The polishing tool according to claim 13, comprising 10 to 56% by volume of CA abrasive grains. 17. The polishing of claim 16, wherein the tool further comprises from about 0.1 to about 60% by volume of an additional component selected from the group consisting of secondary abrasives, fillers, and additives. tool. 18. The MCA abrasive grains are essentially α-alumina microcrystalline abrasive grains produced by a seeded sol-gel process, α-alumina microcrystalline abrasive grains produced by a non-seeded sol-gel process, and rare earth metal oxides. The polishing tool according to claim 10, which is selected from the group consisting of these modified products including a product, and a combination thereof. 19. The calcined vitrified binder further comprises TiO ₂ , Z.

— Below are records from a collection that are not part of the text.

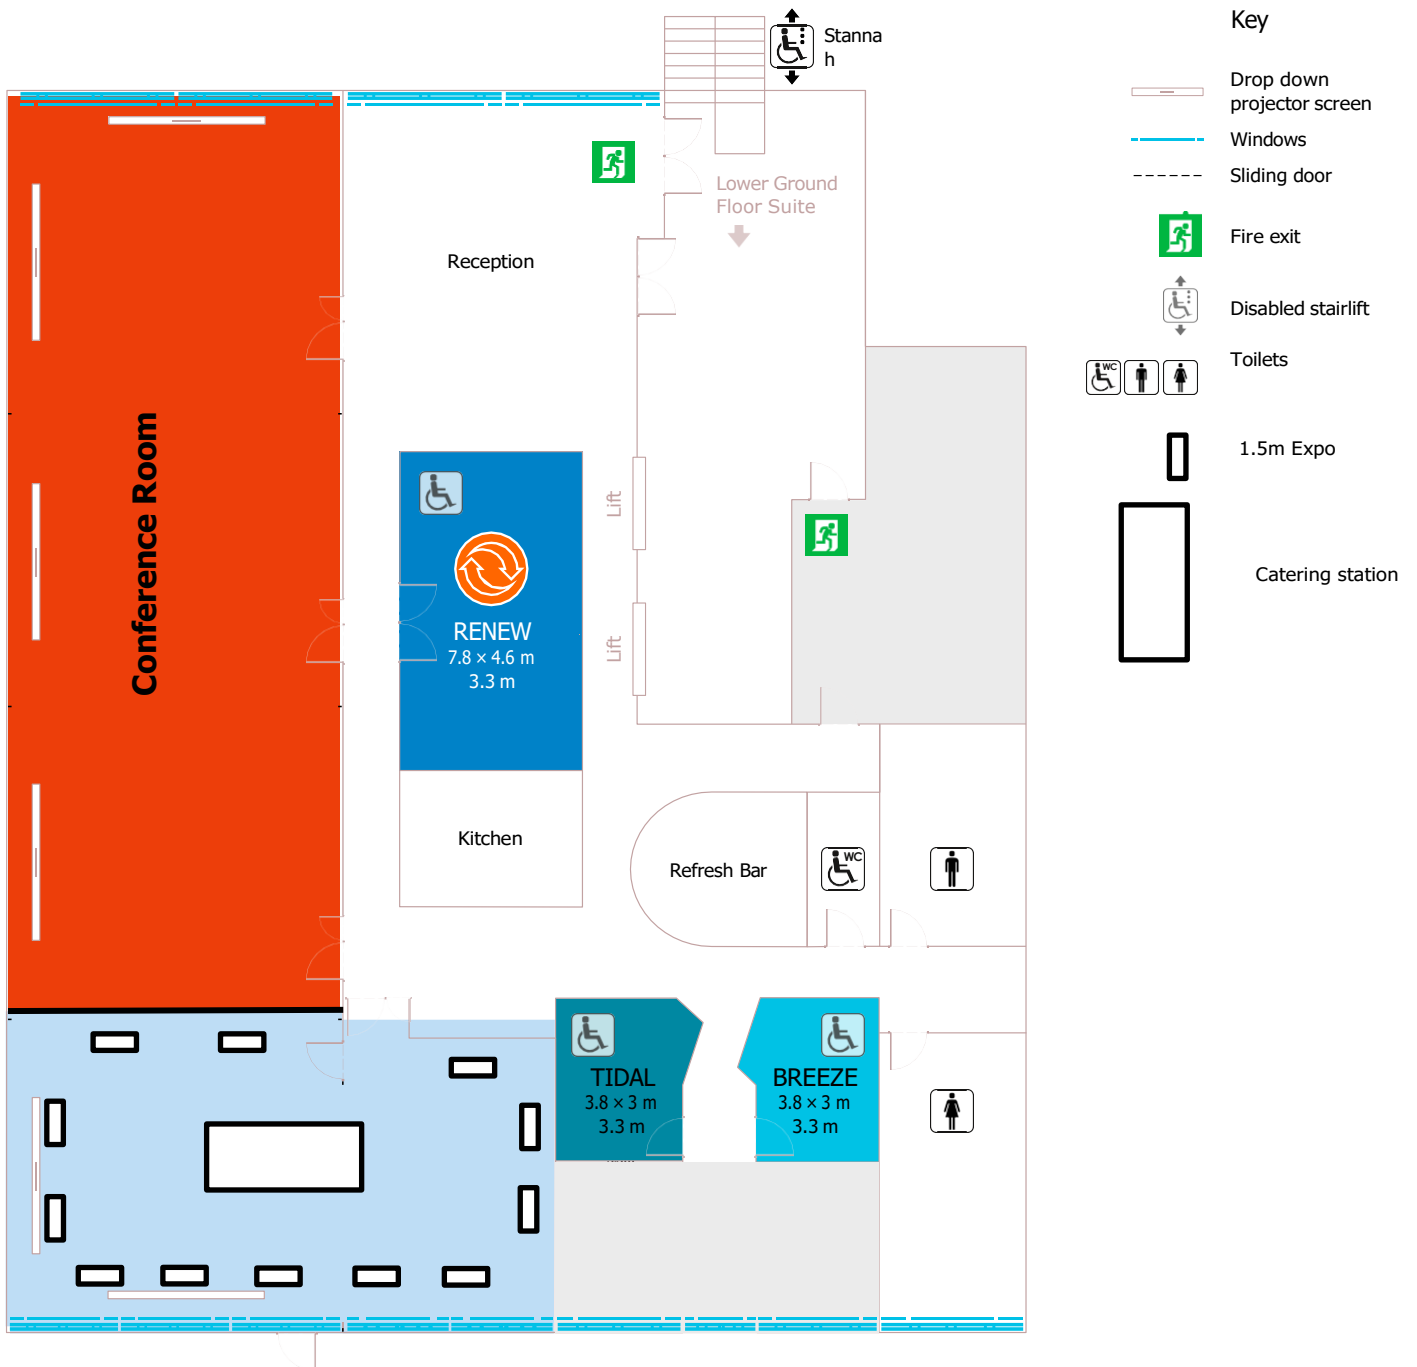

Elements suite – 30 x Exhibition stands Ozone (LGF) – 200 theatre or 120 Cabaret

Earth, Water and Air - 21 x Exhibition Stands Fire and Sustain- 100 Theatre or 70 Cabaret

Earth and Water - 15 x Exhibition Stands Air, Fire and Sustain- 200 Theatre or 120 Cabaret

Air, Fire and Sustain- 18 x Exhibition Stands Earth and Water - 140 Theatre or 80 Cabaret

Fire and Sustain- 12 x Exhibition Stands Earth, Water and Air – 180 Theatre or 120 Cabaret

Ozone – 16 x Exhibition Stands

Elements Suite (Ground floor) - 300 Theatre or 200 Cabaret

nO, ZrO ₂ , CaO, MgO, CoO, MnO ₂ , BaO, Bi ₂ O ₃ , Fe ₂
The polishing tool according to claim 10, comprising at most 2 mol% of at least one oxide selected from the group consisting of O ₃ and combinations thereof. 20. The vitrified binder after calcination comprises an alkaline earth oxide, and the molar ratio of SiO ₂ to the combined content of alkali oxide and alkaline earth oxide is at least 1.5: 1. The polishing tool according to claim 19, which is 0.0. 21. A method of making a polishing tool having a fracture stress of at least 6,000 psi, comprising: (a) MCA abrasive grains, silicon carbide abrasive grains, diamond abrasive grains, cubic boron nitride abrasive grains, and the like. About 70-95% by weight of abrasive grains selected from the group consisting of mixtures
And 40% to 60% of SiO ₂ and 1% of Al ₂ O ₃ on a mol% basis after firing the polishing tool.

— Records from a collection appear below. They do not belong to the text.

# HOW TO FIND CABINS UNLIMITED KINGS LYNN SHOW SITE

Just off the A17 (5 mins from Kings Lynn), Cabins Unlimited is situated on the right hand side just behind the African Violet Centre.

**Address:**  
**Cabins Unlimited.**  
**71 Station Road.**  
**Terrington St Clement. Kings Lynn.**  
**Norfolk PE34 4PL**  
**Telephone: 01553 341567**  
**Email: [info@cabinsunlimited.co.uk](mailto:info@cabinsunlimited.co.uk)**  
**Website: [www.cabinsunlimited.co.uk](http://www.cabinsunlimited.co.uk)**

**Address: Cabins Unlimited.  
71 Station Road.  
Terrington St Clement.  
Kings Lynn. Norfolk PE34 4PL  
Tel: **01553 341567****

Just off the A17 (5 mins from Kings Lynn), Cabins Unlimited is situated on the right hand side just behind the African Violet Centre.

0-18%, alkali oxides 12 to 25%, B ₂ O ₃ 5-20%, and P ₂ O ₅ a step of mixing about 5 to 30 wt% binder mixture comprising 1-8% And (b) forming the mixture into an unfired composite body, (c) firing the unfired composite body in a temperature range of 700 to 1,100 ° C. to form a polishing tool, A method of making an abrasive tool, characterized in that the abrasive tool has an increase in breaking stress of at least 30% compared to a comparative abrasive tool made with a vitrified binder containing less than 1 mol% P ₂ O ₅ . 22. The method of claim 21, wherein the green composite is fired at a temperature of less than about 950 ° C. 23. The method of claim 21, wherein the polishing tool is selected from the group consisting of a grinding wheel, a grinding wheel, and a polishing horn. 24. The method according to claim 21, wherein the step of firing is performed in an oxidizing atmosphere. 25. The polishing tool is a micro-polishing superfinishing tool.

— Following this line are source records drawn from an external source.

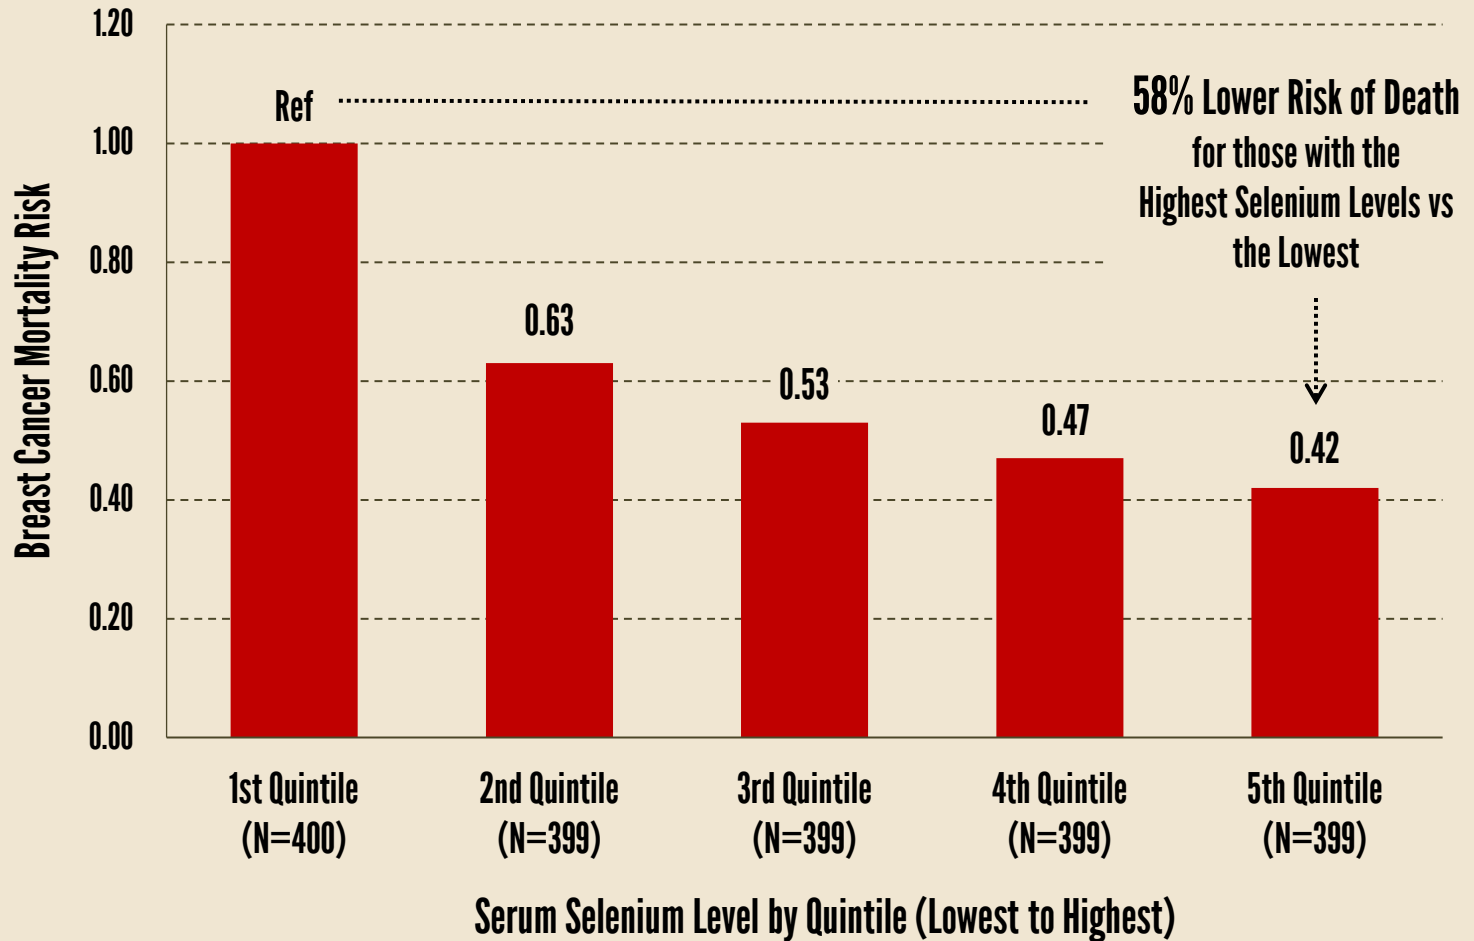

Breast Cancer Mortality Risk According to Selenium Status

pTrend<0.001; Fully adjusted model

Chart Date 10/12/2021

©2021 GrassrootsHealth

Demircan et al, *Redox Biology*, 2021.

**GrassrootsHealth
Nutrient
Research Institute**

The method according to 3. 26. The polishing tool of claim 4, wherein the vitrified binder comprises an alkali oxide having a sodium: lithium: potassium ratio of 1: 1: 1 to 2: 1: 1. 27. The polishing tool of claim 13, wherein the vitrified binder comprises an alkali oxide having a sodium: lithium: potassium ratio of 1: 1: 1 to 2: 1: 1.